Let’s start with Jayne, who has now been reprimanded five times by the Commission on Judicial Conduct for violations of the Arizona Code of Judicial Conduct – three times in 2011, again in 2012 and again in 2013.
The first time, Jayne acknowledged in his response that he engaged in numerous improper ex parte communications with the parties on one side of a case before him.
The second time, the Commission received information about Jayne’s activities and opened its own investigation.
It determined Jayne’s “Breakfast with the Judge” series raised concerns pursuant to several rules of the Code of Conduct and issued Jayne a “private, strongly worded warning letter …”
The Commission also noted Jayne’s personal website included a list of local resources referencing only one political party, which the Commission said suggested Jayne may be subject to political influence.
Jayne’s website also included a reference to his private consulting work, a potential violation of Rule 1.3.
The Commission addressed those particular concerns through a private advisory comment.
Jayne’s personal website contained an advertisement for his wedding services, which the Commission called a clear and direct violation of Rule 3.16(C).
Since Jayne had already received an advisory letter for including a wedding services advertisement on his website, the Commission determined the violation warranted a public reprimand.
Later that same year, the Commission received an anonymous complaint alleging Jayne had engaged in improper ex parte communications with a defendant and improperly handled the matter.
The complainant claimed Jayne treated the defendant differently because of a personal or political relationship.
The Commission determined Jayne engaged in several, improper ex parte communications, in clear violation and limitations of Rule 2.9.
The Commission found the personal nature of Jayne’s communications particularly concerning; especially in light of the fact at least one communication occurred through Jayne’s private email account.
Jayne was publicly reprimanded and urged by the Commission to closely review the requirements and prohibitions found in Rule 2.9.
In 2012, the Commission was alerted to Jayne’s website, which continued to improperly advertise wedding services; improperly listed corporate sponsors, including companies that provide services to the court; and invited improper ex parte communications.
Once again, Jayne was found in violation.
Despite receiving a prior informal sanction for violating Rule 3.16(C), Jayne failed to ensure the issues with his website were resolved.
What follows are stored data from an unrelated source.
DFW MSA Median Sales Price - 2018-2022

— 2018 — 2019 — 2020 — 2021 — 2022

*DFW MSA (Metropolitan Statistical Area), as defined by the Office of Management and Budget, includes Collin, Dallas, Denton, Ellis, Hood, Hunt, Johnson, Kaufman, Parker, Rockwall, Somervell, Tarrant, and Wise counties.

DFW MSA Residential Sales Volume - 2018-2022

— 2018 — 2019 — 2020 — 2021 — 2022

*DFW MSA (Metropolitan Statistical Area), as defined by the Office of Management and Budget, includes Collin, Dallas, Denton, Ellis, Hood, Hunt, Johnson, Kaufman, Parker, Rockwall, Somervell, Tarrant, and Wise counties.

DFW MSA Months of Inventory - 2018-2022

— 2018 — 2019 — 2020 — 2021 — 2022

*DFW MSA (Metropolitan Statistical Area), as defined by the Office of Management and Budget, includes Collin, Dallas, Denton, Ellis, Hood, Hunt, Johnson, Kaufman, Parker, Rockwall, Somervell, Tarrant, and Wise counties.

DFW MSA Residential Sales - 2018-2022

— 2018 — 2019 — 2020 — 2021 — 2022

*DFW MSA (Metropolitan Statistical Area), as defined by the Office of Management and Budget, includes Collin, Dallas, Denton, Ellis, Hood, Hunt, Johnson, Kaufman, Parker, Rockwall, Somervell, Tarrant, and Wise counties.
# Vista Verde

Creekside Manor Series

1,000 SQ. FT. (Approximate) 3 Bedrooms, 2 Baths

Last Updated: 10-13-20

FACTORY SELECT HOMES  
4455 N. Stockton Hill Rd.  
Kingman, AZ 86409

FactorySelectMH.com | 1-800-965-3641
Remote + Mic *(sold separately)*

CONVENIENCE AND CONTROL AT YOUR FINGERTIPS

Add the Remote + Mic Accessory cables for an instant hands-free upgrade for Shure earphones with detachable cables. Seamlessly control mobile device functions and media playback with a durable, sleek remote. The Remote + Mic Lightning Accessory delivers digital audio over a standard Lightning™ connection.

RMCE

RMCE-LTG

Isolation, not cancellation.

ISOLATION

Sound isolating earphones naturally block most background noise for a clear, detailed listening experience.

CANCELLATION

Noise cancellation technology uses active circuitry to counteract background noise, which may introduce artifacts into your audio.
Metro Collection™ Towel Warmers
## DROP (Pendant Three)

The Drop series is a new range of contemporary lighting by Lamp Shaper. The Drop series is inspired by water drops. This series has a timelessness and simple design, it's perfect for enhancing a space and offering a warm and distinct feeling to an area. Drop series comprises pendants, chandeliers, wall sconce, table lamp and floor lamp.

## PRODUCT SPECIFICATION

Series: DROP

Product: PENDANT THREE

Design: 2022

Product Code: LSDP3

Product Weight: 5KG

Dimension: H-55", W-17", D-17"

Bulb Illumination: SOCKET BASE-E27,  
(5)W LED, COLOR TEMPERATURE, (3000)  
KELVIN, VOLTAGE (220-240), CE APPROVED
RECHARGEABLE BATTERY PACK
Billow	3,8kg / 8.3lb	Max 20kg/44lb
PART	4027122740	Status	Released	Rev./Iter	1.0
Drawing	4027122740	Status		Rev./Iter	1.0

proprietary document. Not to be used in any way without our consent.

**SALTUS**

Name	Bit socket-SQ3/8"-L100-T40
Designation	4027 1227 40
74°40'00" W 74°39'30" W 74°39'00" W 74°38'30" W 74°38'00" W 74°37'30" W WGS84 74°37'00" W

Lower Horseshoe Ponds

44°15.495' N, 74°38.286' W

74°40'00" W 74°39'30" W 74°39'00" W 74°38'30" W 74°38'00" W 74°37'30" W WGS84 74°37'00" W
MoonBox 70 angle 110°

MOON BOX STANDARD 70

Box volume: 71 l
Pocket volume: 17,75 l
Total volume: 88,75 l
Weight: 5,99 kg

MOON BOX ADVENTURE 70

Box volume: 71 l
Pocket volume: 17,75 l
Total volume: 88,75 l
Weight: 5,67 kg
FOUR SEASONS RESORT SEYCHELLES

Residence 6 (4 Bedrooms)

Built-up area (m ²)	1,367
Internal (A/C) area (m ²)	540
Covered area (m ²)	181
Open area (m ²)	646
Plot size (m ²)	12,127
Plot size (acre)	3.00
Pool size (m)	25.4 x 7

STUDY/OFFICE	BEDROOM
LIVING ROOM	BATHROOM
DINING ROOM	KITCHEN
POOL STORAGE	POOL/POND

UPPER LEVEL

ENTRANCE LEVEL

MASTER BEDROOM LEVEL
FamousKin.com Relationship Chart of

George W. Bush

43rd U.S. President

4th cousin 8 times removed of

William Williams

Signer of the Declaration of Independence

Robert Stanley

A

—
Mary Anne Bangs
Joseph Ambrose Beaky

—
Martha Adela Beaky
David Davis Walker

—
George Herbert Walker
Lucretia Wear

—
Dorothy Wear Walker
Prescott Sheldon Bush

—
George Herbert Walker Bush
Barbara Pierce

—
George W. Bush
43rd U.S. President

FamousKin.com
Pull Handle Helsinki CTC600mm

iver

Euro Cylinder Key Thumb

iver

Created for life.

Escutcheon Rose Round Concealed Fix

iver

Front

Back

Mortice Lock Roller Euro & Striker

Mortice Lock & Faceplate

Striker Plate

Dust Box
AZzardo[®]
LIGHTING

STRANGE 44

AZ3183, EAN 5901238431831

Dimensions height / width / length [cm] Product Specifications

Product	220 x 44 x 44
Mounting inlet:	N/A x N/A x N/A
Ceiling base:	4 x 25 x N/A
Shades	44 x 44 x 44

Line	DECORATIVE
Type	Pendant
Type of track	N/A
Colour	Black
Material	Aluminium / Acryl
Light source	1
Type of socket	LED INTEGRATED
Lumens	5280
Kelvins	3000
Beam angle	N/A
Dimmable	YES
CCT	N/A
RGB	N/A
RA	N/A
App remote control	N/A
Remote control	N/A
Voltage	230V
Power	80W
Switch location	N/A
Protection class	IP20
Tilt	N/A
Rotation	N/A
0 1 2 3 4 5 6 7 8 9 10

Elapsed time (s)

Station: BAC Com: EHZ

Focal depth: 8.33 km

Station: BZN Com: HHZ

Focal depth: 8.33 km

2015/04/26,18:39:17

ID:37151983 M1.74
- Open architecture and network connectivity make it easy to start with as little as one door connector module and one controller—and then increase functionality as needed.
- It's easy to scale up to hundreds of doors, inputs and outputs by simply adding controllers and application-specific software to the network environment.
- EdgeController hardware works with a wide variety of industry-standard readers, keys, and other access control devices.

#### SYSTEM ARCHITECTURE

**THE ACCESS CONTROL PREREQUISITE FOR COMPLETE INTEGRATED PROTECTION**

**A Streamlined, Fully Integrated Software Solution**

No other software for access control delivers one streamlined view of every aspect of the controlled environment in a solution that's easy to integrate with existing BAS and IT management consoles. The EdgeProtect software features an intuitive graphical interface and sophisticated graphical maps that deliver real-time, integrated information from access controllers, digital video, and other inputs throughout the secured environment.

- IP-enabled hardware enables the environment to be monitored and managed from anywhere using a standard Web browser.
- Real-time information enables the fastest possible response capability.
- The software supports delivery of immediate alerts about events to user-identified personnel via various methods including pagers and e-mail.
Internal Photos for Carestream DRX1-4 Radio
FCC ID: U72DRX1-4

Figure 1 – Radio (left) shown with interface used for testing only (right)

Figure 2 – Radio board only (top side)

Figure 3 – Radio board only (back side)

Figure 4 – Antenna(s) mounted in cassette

Jayne was publicly reprimanded and ordered to obtain a mentor to specifically address concerns related to his personal website.
In 2013, yet another complaint against Jayne was submitted claiming he improperly handled a case involving an individual with whom he has both personal and professional relationships.
The Commission wrote, “Rules 1.1 and 2.2 generally require judges to abide by and apply the law. Rule 2.11(A) generally requires a judge to disqualify himself ‘in any proceeding in which the judge’s impartiality might be reasonably questioned.’”
The complainant notified the Commission that an individual, who not only personally contributed to Jayne’s campaign but took over a debt owed by Jayne’s campaign, filed a request to serve as his granddaughter’s representative during mediation in a case pending before Jayne.
Jayne improperly granted the request even though the individual is not an attorney and not legally permitted to serve as another party’s representative in a legal proceeding.
The Commission publicly reprimanded Jayne while noting he had received direct education on this legal issue at least twice before and, beyond the clear legal error, he should have disqualified himself from making any rulings in the underlying case due to his relationship with the party.
Although one is not required to have a legal background to run for Justice of the Peace, Jayne, the one-term state representative who was unable to obtain the required number of valid signatures to remain on the ballot for reelection, is literacy challenged.
Several years ago, some of Jayne’s emails were forwarded to a Phoenix newspaper to reveal his illiteracy. In one of them, Jayne used the word “spook” as the past tense of “speak.”
However, when Jayne originally ran for Desert Ridge JP in 2008, his bio stated, “Returning to school is an important commitment I’ve made to continue to grow and improve our professional capabilities.”
It’s not clear why Schapira, vice president of Action Equipment and Scaffold Co., Inc., is in the race, unless it’s to assist Jayne in the primary by splitting the vote.
Other than his signs, Schapira has no website and doesn’t appear to be campaigning or bothering to mention anywhere that he’s running.
According to Schapira’s Facebook page, he attended the University of Arizona as a political science major and, other than stating he attended Central High School in Phoenix, no other information is posted about him on his Facebook page.
There is nothing posted publicly about Schapira’s work background or even the fact that he’s running for justice of the peace.
Schapira also ran in 2012, creating another three-way primary that resulted in Clancy Jayne getting reelected despite their opponent Attorney Bill Ponath being infinitely more qualified.
The reason Schapira’s signs are emblazoned with the word “Republican” is because he was registered as a Democrat until 2010.
Then there’s Riggs, a native Arizonan from Tucson, who returned to Arizona 14 years ago after a law enforcement career with the Santa Rosa, Calif. Police Department, where she became the department’s first female police officer.
Riggs, who also taught at the police academy, has a law degree, which she said she earned by going to school four nights a week while raising three children.
“It can be done,” said Riggs.
When asked why she decided to run for JP, Riggs said it was an opportunity to use her experience in law enforcement and, after having sat in on Jayne’s courtroom proceedings, Riggs added, “to raise the bar.”
Endorsed by the Arizona Police Association and constables that work out of the Northeast Regional Court Center, Riggs stated, “Let’s choose integrity,” for our courts.